=== Begin Enclosure ===
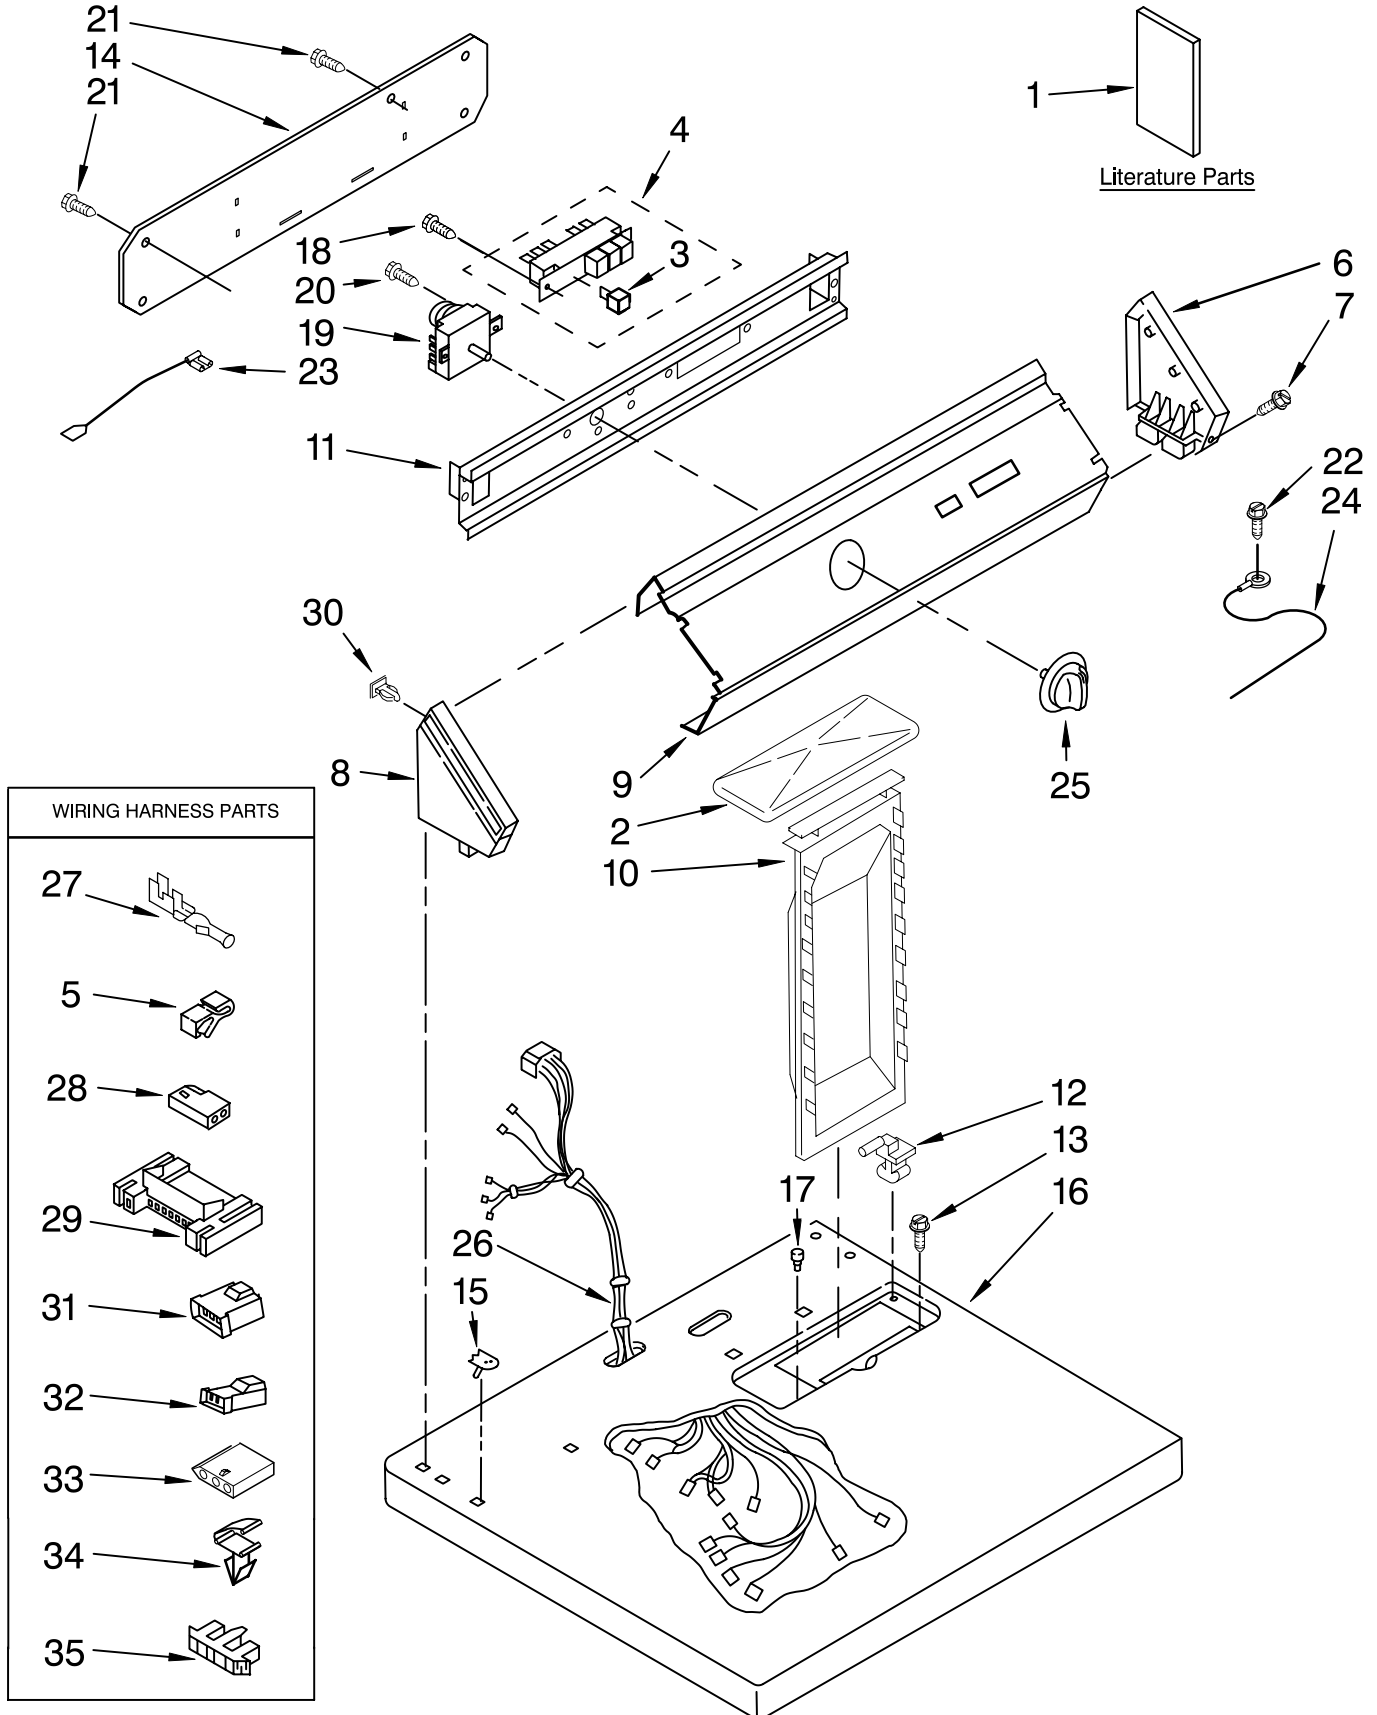

PARTS LIST

for

COMMERCIAL GAS DRYER

MODEL
GCGM2991TQ0

FOR CUSTOMER SATISFACTION ALWAYS USE
FACTORY SPECIFICATION PARTS

Whirlpool CORPORATION

Benton Harbor, Michigan.

TOP AND CONSOLE PARTS

For Model: GCGM2991TQ0
(White)

FOR ORDERING INFORMATION REFER TO PARTS PRICE LIST

TOP AND CONSOLE PARTS

For Model: GCGM2991TQ0
(White)

Illus. No.	Part No.	DESCRIPTION
1		Literature Parts
	8527907	Use & Care Guide
	8576818	Wiring Diagram
	8577213	Instructions, Installation
	W10119636	Repair Parts List
2	8283378	Cover, Lint Screen
3	8316433	Pushbutton
4	8316437	Switch, Pushbutton
5	357572	Clip, Ground
6	3949737	End Cap (R.H.)
7	97787	Screw, 11-16 x 3/4
8	3949734	End Cap (L.H.)
9	8527826	Control Panel
10	349639	Handle & Lint Screen Assembly
11	8527828	Bracket, Control
12	3978606	Hinge, L.H.
	3978605	Hinge, R.H.
13	688983	Screw, 8-18 x 5/8
14	8066156	Panel, Rear
15	357213	Nut, Push-In (2)
16	8316630	Top
17	297535	Bumper, Lint Lid
18	303921	Screw, 8-32 x 3/8
19	3979596	Timer
20	8533971	Screw, 8-18 x 5/16
21	693995	Screw, Hex Head
22	339554	Screw 10-16 x 5/16
23		Wire, Jumper
	3393811	Violet
	3393812	Blue
24	3398893	Wire, Ground
25	8529317	Knob, Timer
26	8299876	Harness, Wiring (Complete)
27	94614	Terminal
28	717252	Receptacle, 2-Way
29	3395683	Connector (Motor)
30	689559	Nut, Push In
31	3403498	Connector, 3-Position
32	3403499	Connector, 2-Position
33	3936144	Connector
34	3394427	Clip, Harness
35	3397269	Connector, Timer
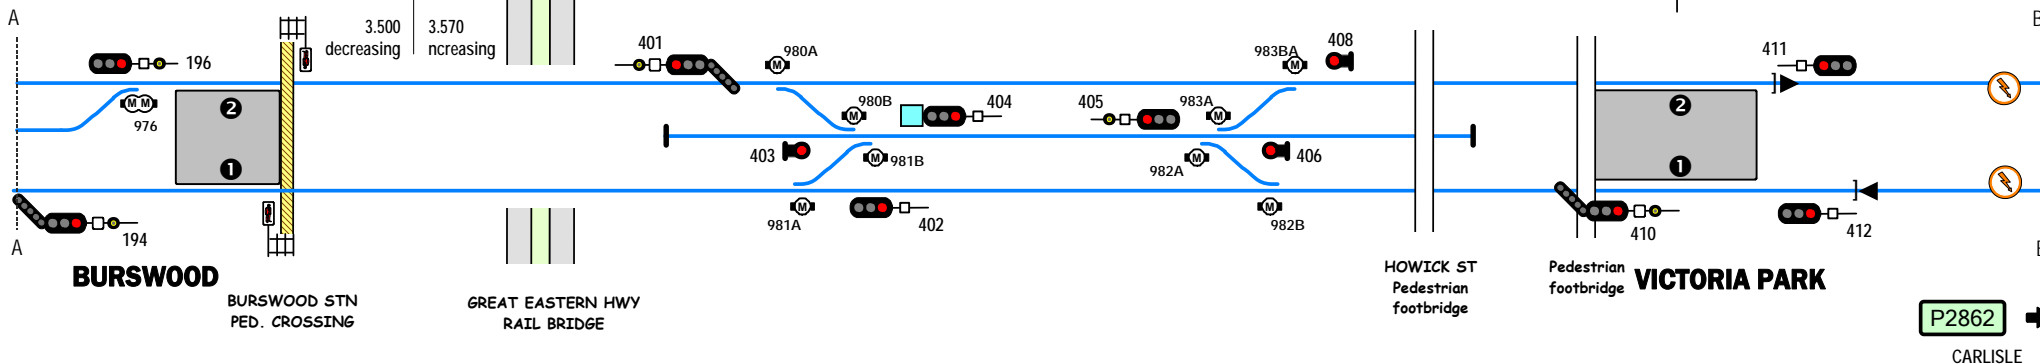

P2862

CARLISLE

Signal Locations

Home Support

ALL BI-DIRECTIONAL WORKING TO 411 & 412

© 2018 G F Vincent

NARROW GAUGE TRACK
PERTH STADIUM - VICTORIA PARK

P2861
=== End Enclosure ===
* [Goal of the exercise] Once the pictures are set aside, output the whole listing exactly.

* [Solution to the exercise]
PARTS LIST

for

COMMERCIAL GAS DRYER

MODEL
GCGM2991TQ0

FOR CUSTOMER SATISFACTION ALWAYS USE
FACTORY SPECIFICATION PARTS

Whirlpool CORPORATION

Benton Harbor, Michigan.

TOP AND CONSOLE PARTS

For Model: GCGM2991TQ0
(White)

FOR ORDERING INFORMATION REFER TO PARTS PRICE LIST

TOP AND CONSOLE PARTS

For Model: GCGM2991TQ0
(White)

Illus. No.	Part No.	DESCRIPTION
1		Literature Parts
	8527907	Use & Care Guide
	8576818	Wiring Diagram
	8577213	Instructions, Installation
	W10119636	Repair Parts List
2	8283378	Cover, Lint Screen
3	8316433	Pushbutton
4	8316437	Switch, Pushbutton
5	357572	Clip, Ground
6	3949737	End Cap (R.H.)
7	97787	Screw, 11-16 x 3/4
8	3949734	End Cap (L.H.)
9	8527826	Control Panel
10	349639	Handle & Lint Screen Assembly
11	8527828	Bracket, Control
12	3978606	Hinge, L.H.
	3978605	Hinge, R.H.
13	688983	Screw, 8-18 x 5/8
14	8066156	Panel, Rear
15	357213	Nut, Push-In (2)
16	8316630	Top
17	297535	Bumper, Lint Lid
18	303921	Screw, 8-32 x 3/8
19	3979596	Timer
20	8533971	Screw, 8-18 x 5/16
21	693995	Screw, Hex Head
22	339554	Screw 10-16 x 5/16
23		Wire, Jumper
	3393811	Violet
	3393812	Blue
24	3398893	Wire, Ground
25	8529317	Knob, Timer
26	8299876	Harness, Wiring (Complete)
27	94614	Terminal
28	717252	Receptacle, 2-Way
29	3395683	Connector (Motor)
30	689559	Nut, Push In
31	3403498	Connector, 3-Position
32	3403499	Connector, 2-Position
33	3936144	Connector
34	3394427	Clip, Harness
35	3397269	Connector, Timer

P2862

CARLISLE

Signal Locations

Home Support

ALL BI-DIRECTIONAL WORKING TO 411 & 412

© 2018 G F Vincent

NARROW GAUGE TRACK
PERTH STADIUM - VICTORIA PARK

P2861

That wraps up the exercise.